WHAT THE TASK REQUIRES — Give all the lines below again, exactly, with no pictures.

DATA FOR THE TASK —
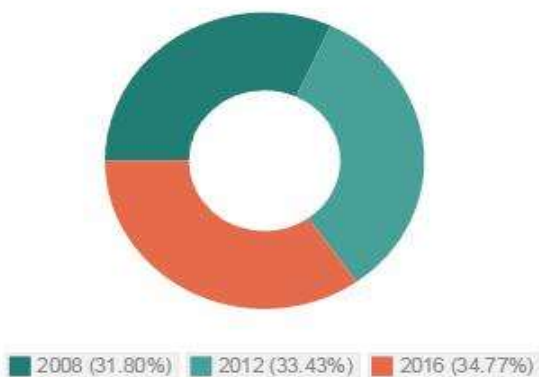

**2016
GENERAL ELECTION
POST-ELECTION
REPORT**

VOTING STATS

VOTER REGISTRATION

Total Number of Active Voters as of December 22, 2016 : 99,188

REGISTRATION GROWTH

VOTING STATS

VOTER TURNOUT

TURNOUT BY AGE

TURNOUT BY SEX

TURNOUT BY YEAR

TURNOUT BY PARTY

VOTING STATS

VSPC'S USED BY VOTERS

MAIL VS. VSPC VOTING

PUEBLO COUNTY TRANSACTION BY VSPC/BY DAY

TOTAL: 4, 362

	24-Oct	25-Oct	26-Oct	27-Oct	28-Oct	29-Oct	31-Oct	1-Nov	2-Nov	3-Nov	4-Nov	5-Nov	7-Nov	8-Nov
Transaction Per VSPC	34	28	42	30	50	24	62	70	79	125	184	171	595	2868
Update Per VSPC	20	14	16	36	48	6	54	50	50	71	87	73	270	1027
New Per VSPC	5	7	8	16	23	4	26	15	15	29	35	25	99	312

EXPECTED ANSWER —
**2016
GENERAL ELECTION
POST-ELECTION
REPORT**

VOTING STATS

VOTER REGISTRATION

Total Number of Active Voters as of December 22, 2016 : 99,188

REGISTRATION GROWTH

VOTING STATS

VOTER TURNOUT

TURNOUT BY AGE

TURNOUT BY SEX

TURNOUT BY YEAR

TURNOUT BY PARTY

VOTING STATS

VSPC'S USED BY VOTERS

MAIL VS. VSPC VOTING

PUEBLO COUNTY TRANSACTION BY VSPC/BY DAY

TOTAL: 4, 362

	24-Oct	25-Oct	26-Oct	27-Oct	28-Oct	29-Oct	31-Oct	1-Nov	2-Nov	3-Nov	4-Nov	5-Nov	7-Nov	8-Nov
Transaction Per VSPC	34	28	42	30	50	24	62	70	79	125	184	171	595	2868
Update Per VSPC	20	14	16	36	48	6	54	50	50	71	87	73	270	1027
New Per VSPC	5	7	8	16	23	4	26	15	15	29	35	25	99	312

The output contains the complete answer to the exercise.